**What is required**
Search the data for the string "Portland" and copy each line in which it appears.

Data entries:
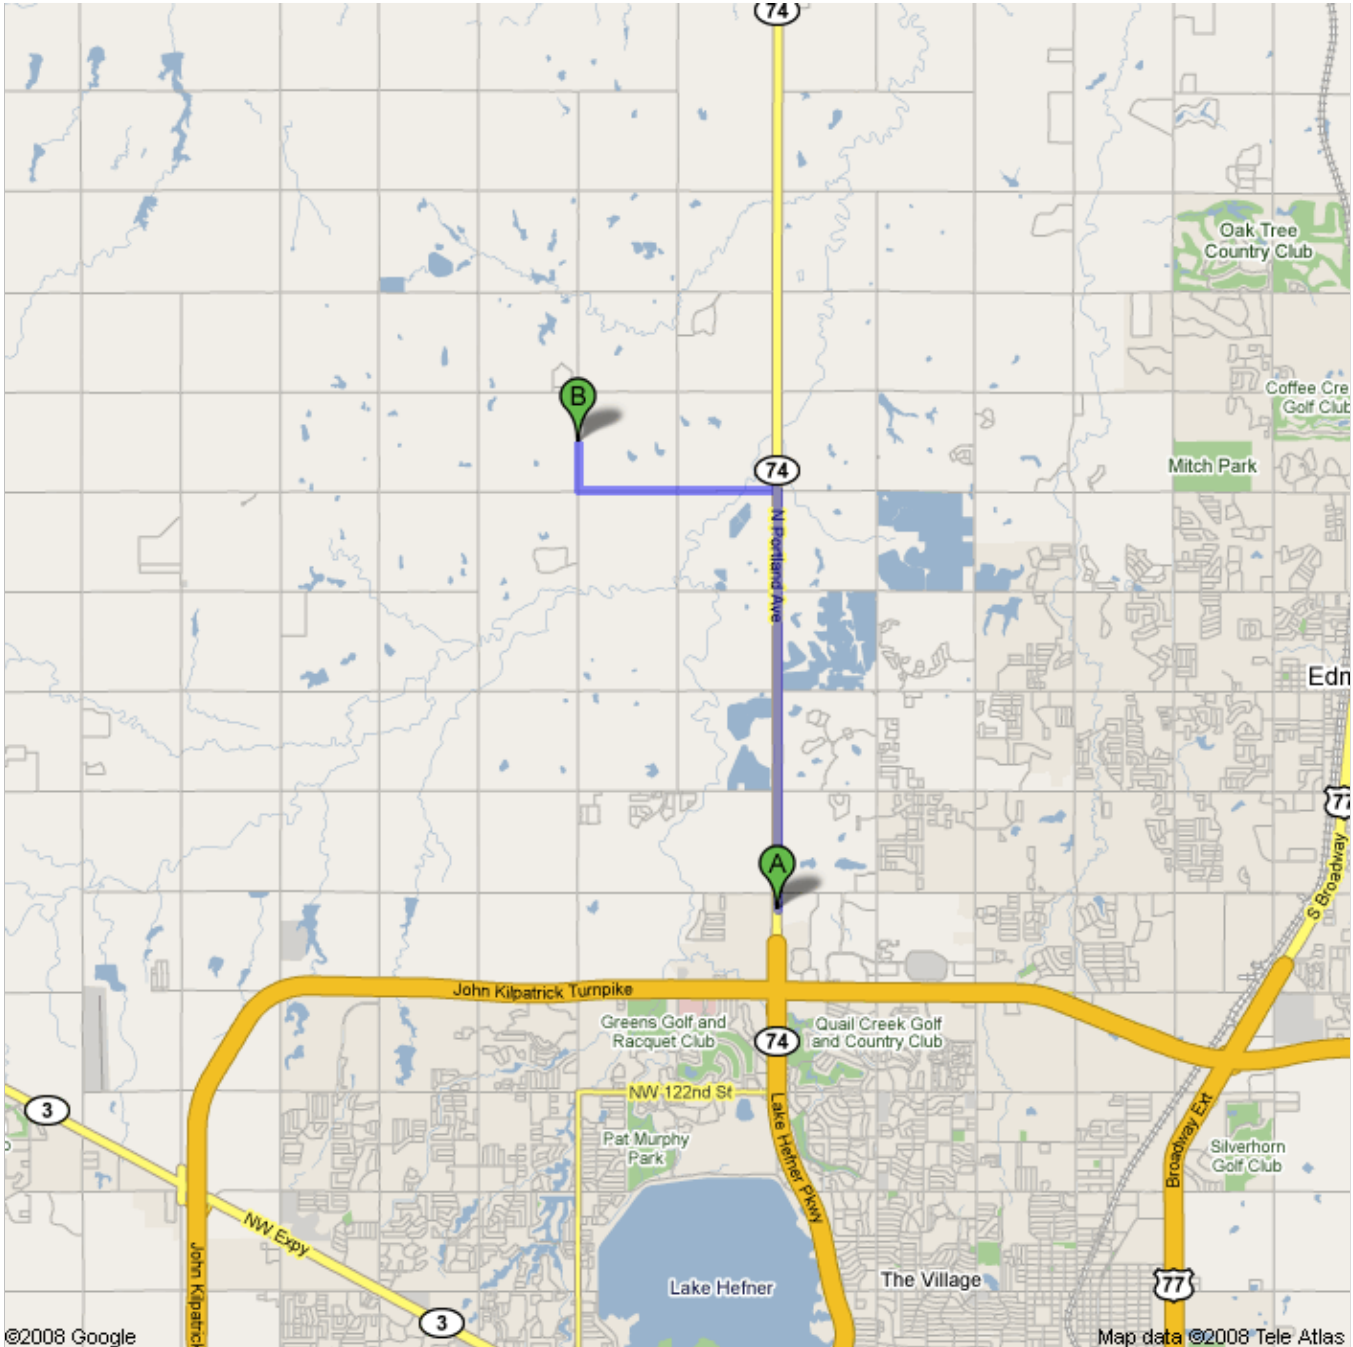

Directions to Deer Creek Middle School

21175 N MacArthur Blvd, Edmond, OK 73012 - (405) 348-4830

6.7 mi – about 13 mins

Save trees. Go green!

Download Google Maps on your phone at google.com/gmm

 14400 N Portland Ave, Oklahoma City, OK 73134

- | | | |
|---|---|---------------------------|
|  | 1. Head north on OK-74/N Portland Ave toward NW 150th St
About 6 mins | go 4.2 mi
total 4.2 mi |
|  | 2. Turn left at NW 206th St/Apache St/Covell Rd
About 6 mins | go 2.0 mi
total 6.2 mi |
|  | 3. Turn right at N MacArthur Blvd
Destination will be on the left
About 1 min | go 0.5 mi
total 6.7 mi |

 Deer Creek Middle School
21175 N MacArthur Blvd, Edmond, OK 73012 - (405) 348-4830

These directions are for planning purposes only. You may find that construction projects, traffic, weather, or other events may cause conditions to differ from the map results, and you should plan your route accordingly. You must obey all signs or notices regarding your route.

Map data ©2009 , Tele Atlas

**Task response**
 14400 N Portland Ave, Oklahoma City, OK 73134
|  | 1. Head north on OK-74/N Portland Ave toward NW 150th St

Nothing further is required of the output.